TASK REQUIREMENTS: Among the records that follow, set down only the lines from the one containing "## 9000XE servantbatteri" to the one containing "- Kaldstart", both included, exactly.

INPUT MATERIAL:
__________
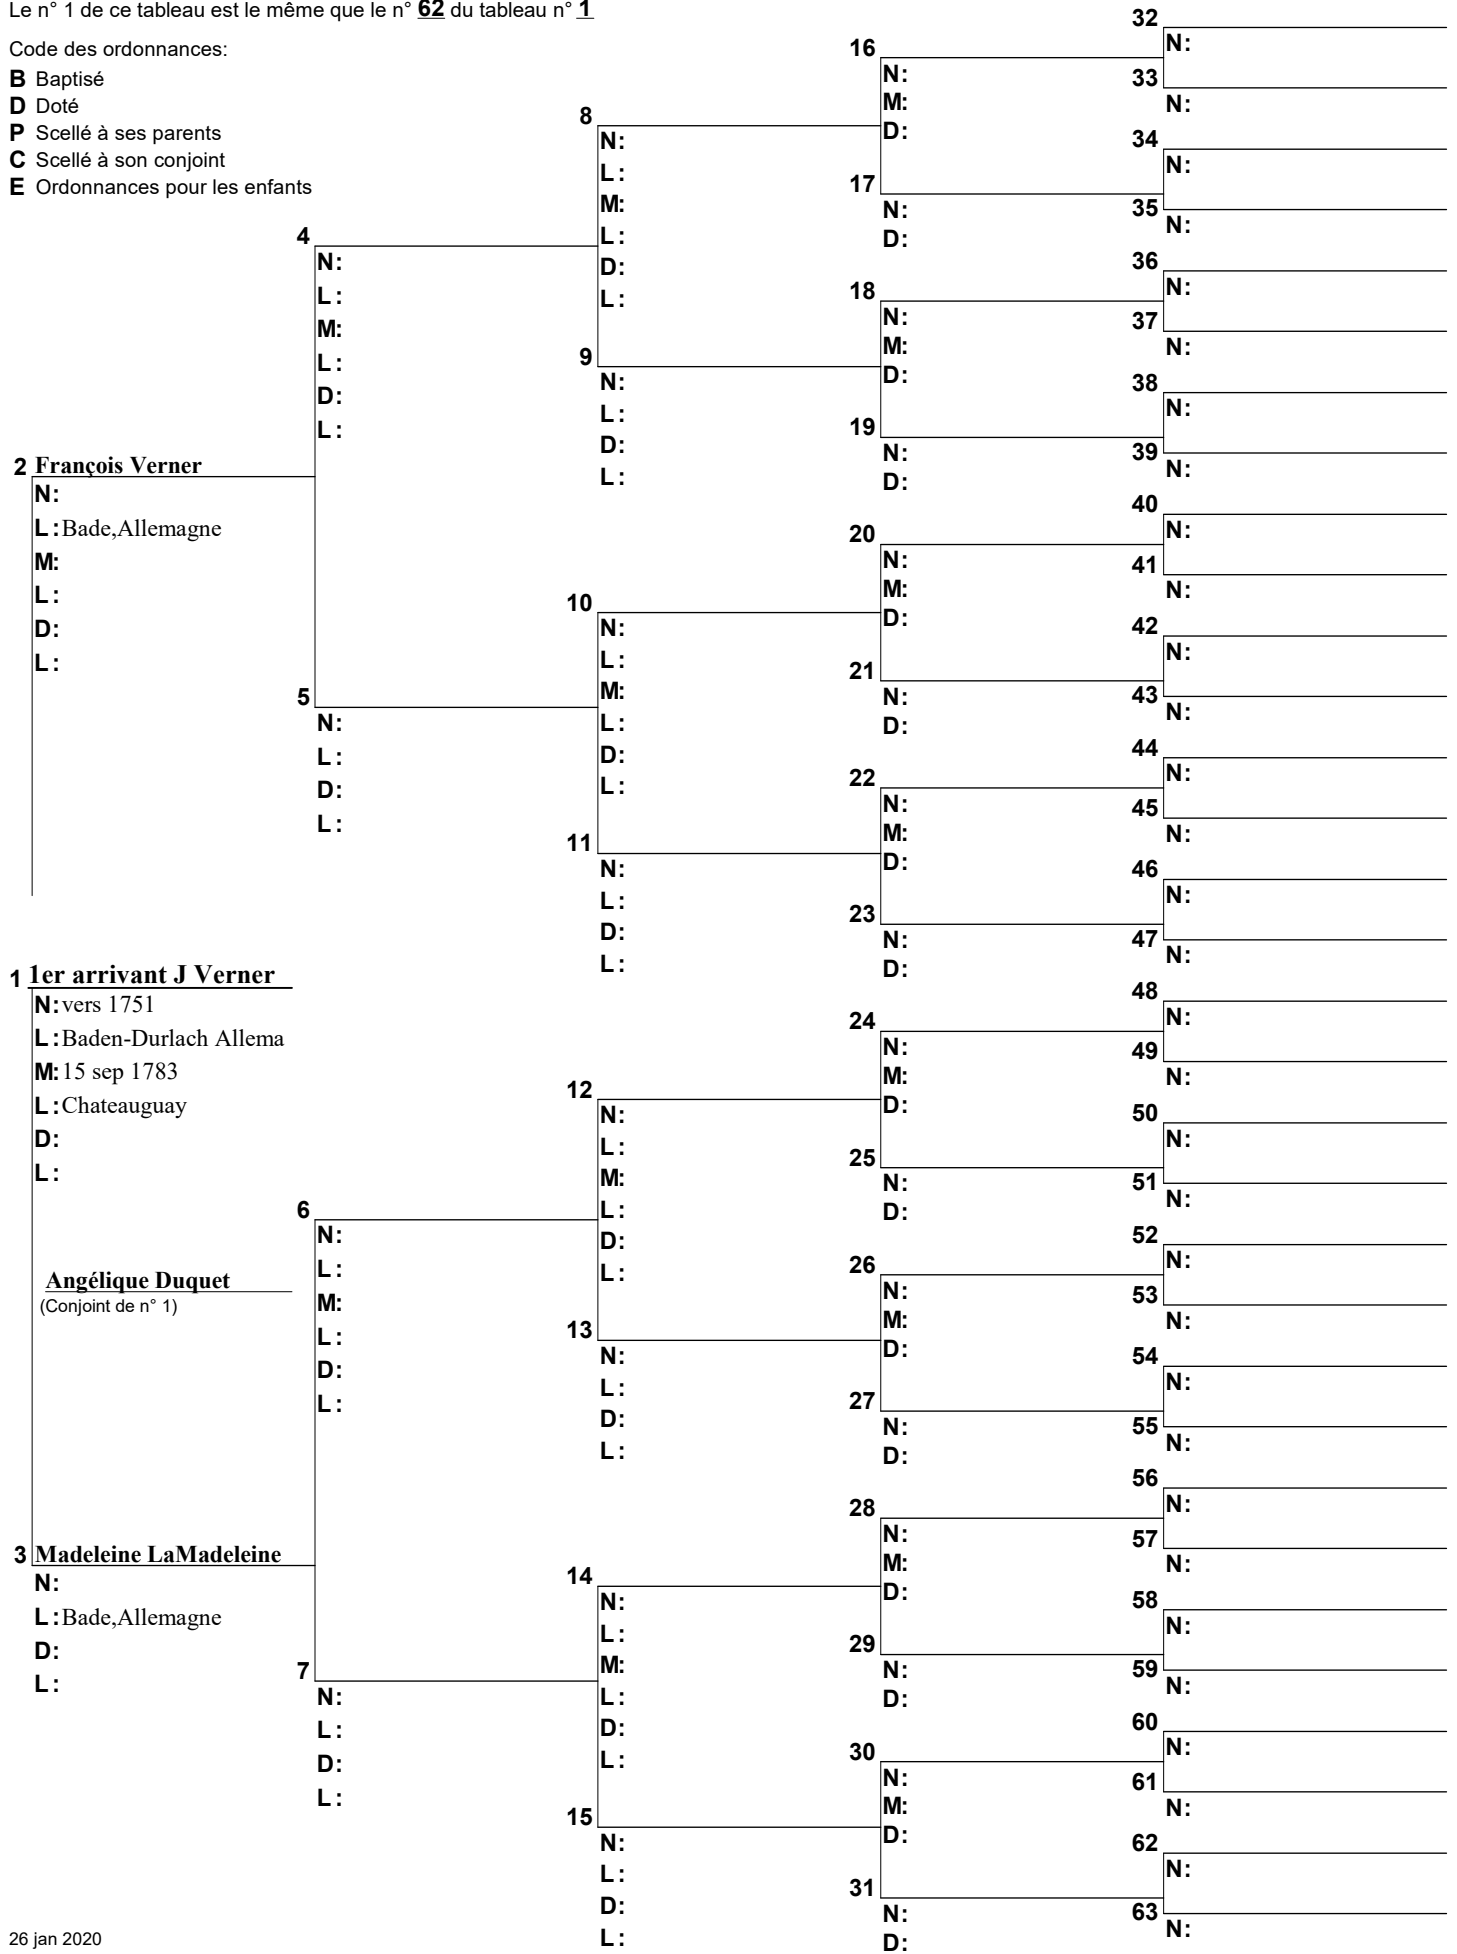

Arbre d'ascendance

Le n° 1 de ce tableau est le même que le n° 62 du tableau n° 1

Code des ordonnances:

- **B** Baptisé
- **D** Doté
- **P** Scellé à ses parents
- **C** Scellé à son conjoint
- **E** Ordonnances pour les enfants
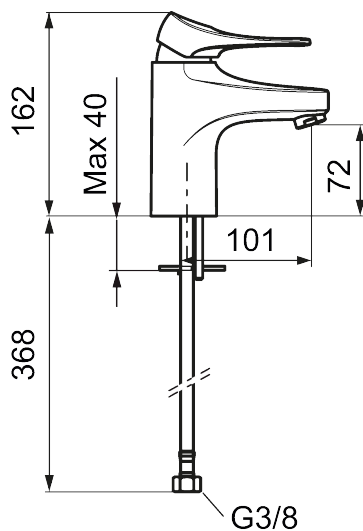

## 9000XE servantbatteri

9000XE Servantbatteri LEED/BREEAM-tilpasset er et servantbatteri i krom. Den klassiske designen i kombinasjon med et sparsomt vannforbruk gjør det til et opplagt valg på baderommet. Produktet er LEED/BREEAM-tilpasset. Det innebærer at det oppfyller de vannmengdekravene som stilles til visse ny- og ombygginger.

Artikkelnummer: 86507310 NRF: 4300111 Flow 3 bar: 3,0 l/m  
Utførende: Krom, LEED/BREEAM-tilpasset

- Mykstengende
- Kaldstart
- Eco Flow (energi- og vannbesparende strålesamler)
- Vannmengdebegrenser og temperatursperre
- Lead Free (blyfri)
- Lydklasse 1
- Fleksible Soft PEX<sup>®</sup>-rør med 3/8" mutter
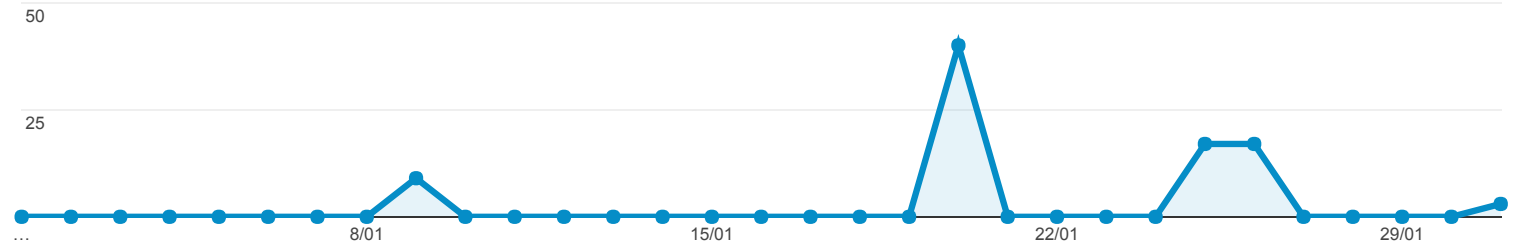

# Rómulo de Carvalho

01/01/2016 - 31/01/2016

Todos os utilizadores  
0,00% Visualizações de página

### Visualizações de página

País	Visualizações de página	Sessões	Páginas/Sessão	Utilizadores	Duração média da sessão	Taxa de rejeições
	86 % do total: 0,00% (10 657 193)	14 % do total: 0,00% (1 420 542)	6,14 Média por visualização de propriedade: 7,50 (-18,12%)	20 % do total: 0,01% (322 273)	00:04:16 Média por visualização de propriedade: 00:07:14 (-41,06%)	42,86% Média por visualização de propriedade: 20,67% (107,33%)
1. Portugal	<b>83</b> (96,51%)	11 (78,57%)	7,55	17 (85,00%)	00:05:26	27,27%
2. Brazil	<b>3</b> (3,49%)	3 (21,43%)	1,00	3 (15,00%)	00:00:00	100,00%
__________
SOLUTION TO THIS EXERCISE:
## 9000XE servantbatteri

9000XE Servantbatteri LEED/BREEAM-tilpasset er et servantbatteri i krom. Den klassiske designen i kombinasjon med et sparsomt vannforbruk gjør det til et opplagt valg på baderommet. Produktet er LEED/BREEAM-tilpasset. Det innebærer at det oppfyller de vannmengdekravene som stilles til visse ny- og ombygginger.

Artikkelnummer: 86507310 NRF: 4300111 Flow 3 bar: 3,0 l/m  
Utførende: Krom, LEED/BREEAM-tilpasset

- Mykstengende
- Kaldstart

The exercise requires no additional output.